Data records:
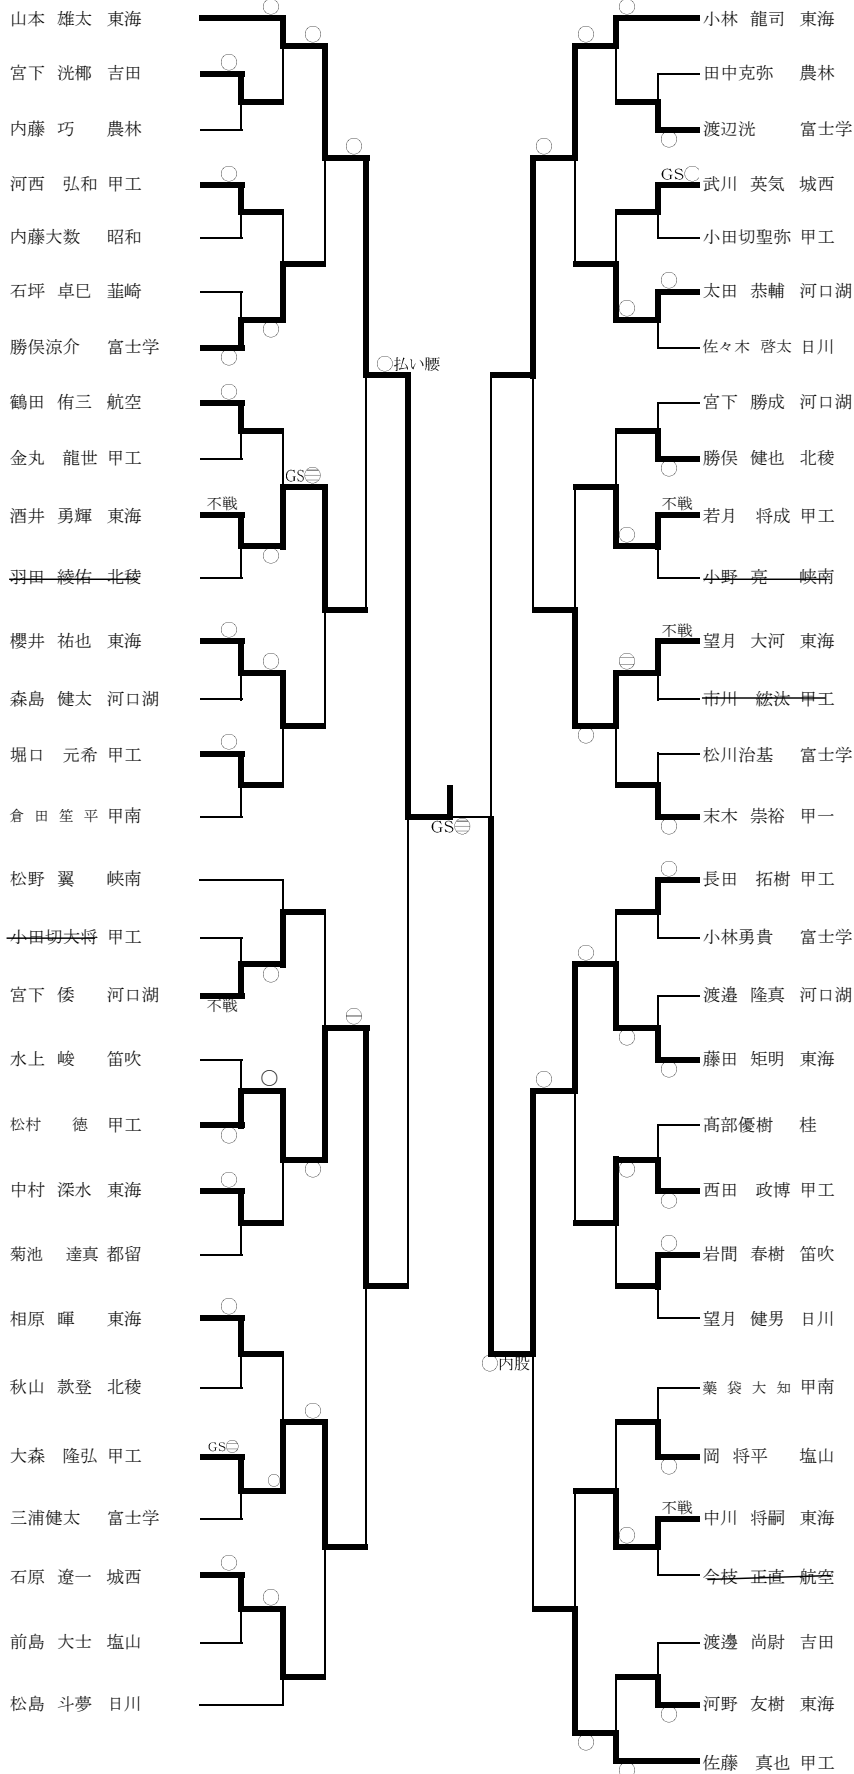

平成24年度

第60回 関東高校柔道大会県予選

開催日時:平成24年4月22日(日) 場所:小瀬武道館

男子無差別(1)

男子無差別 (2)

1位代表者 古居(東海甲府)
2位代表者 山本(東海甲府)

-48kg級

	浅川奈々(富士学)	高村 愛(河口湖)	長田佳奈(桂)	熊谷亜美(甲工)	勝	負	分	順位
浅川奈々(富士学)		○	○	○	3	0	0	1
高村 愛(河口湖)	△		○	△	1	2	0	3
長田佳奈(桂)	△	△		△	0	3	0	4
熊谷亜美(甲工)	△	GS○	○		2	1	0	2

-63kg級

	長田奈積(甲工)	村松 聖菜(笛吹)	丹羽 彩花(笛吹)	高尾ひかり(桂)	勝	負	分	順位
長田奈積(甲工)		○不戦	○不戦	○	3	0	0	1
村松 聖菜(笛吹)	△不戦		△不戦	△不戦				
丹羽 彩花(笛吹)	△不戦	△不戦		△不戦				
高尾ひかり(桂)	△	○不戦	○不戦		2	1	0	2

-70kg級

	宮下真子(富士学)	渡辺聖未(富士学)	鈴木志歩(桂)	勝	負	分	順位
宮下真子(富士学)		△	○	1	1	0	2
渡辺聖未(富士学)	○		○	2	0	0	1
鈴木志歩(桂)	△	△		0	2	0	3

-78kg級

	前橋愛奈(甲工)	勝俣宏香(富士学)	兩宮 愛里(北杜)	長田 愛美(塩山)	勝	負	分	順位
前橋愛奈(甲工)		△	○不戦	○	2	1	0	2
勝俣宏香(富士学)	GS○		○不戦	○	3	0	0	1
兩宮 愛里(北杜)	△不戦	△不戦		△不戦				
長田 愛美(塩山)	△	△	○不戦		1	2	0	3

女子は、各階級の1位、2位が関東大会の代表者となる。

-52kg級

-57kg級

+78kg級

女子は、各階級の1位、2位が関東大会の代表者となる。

...

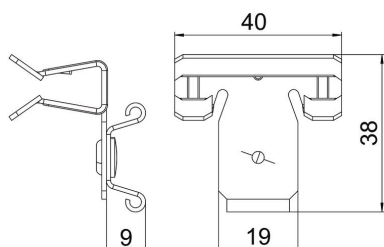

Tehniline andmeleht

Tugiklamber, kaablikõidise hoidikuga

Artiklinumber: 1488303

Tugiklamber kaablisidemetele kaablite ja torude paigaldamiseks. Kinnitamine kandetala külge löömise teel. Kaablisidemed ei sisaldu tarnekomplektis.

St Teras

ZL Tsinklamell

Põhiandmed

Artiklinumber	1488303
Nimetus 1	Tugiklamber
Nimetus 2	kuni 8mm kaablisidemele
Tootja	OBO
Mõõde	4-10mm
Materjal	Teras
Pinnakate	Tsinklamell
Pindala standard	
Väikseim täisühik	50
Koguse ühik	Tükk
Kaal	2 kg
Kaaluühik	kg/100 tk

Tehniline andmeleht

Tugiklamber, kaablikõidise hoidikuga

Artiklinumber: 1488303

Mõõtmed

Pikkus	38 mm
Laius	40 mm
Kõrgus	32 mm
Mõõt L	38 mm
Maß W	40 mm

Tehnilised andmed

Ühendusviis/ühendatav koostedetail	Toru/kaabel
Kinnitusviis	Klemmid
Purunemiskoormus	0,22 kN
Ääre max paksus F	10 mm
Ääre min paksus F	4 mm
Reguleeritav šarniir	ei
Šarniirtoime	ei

==

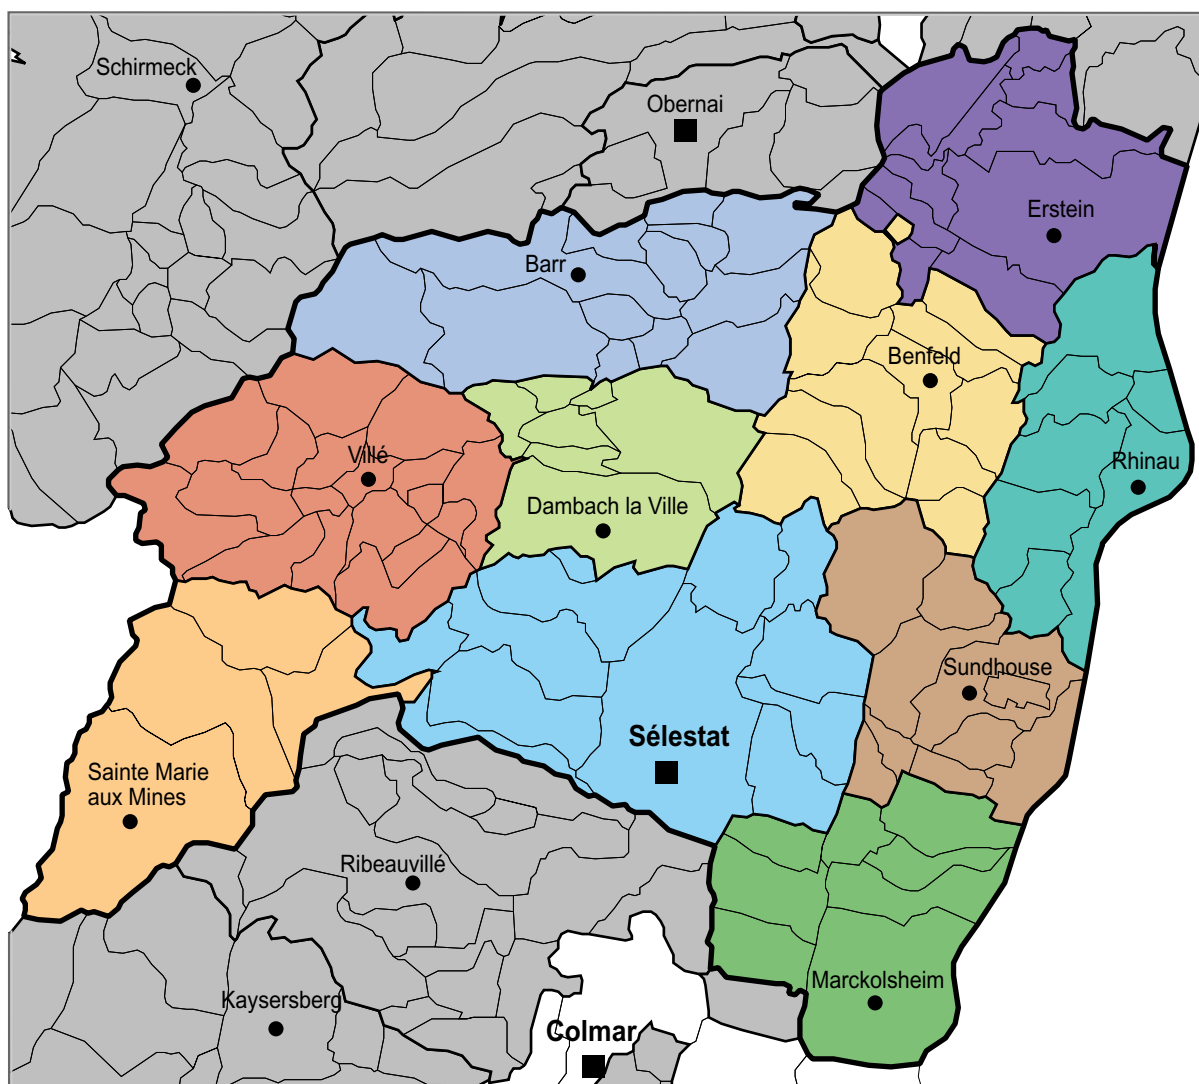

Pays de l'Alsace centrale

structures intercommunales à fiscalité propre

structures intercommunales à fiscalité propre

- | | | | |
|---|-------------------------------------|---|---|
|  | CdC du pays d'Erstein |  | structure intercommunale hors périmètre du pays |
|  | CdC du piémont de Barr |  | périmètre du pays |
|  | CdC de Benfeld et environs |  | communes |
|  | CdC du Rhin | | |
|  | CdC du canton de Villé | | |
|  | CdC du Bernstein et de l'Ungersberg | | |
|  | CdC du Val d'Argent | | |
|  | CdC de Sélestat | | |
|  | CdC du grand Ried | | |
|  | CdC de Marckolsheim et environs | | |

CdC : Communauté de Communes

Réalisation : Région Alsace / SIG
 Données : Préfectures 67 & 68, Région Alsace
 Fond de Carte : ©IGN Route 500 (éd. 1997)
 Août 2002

▸ **INSTRUCTIONS TO FOLLOW**
Write out exactly the lines above from the line with "CdC du piémont" through the line with "grand Ried | | |", both of them included, and leave out all other lines.

▸ **COMPLETED EXERCISE**
|  | CdC du piémont de Barr |  | périmètre du pays |
|  | CdC de Benfeld et environs |  | communes |
|  | CdC du Rhin | | |
|  | CdC du canton de Villé | | |
|  | CdC du Bernstein et de l'Ungersberg | | |
|  | CdC du Val d'Argent | | |
|  | CdC de Sélestat | | |
|  | CdC du grand Ried | | |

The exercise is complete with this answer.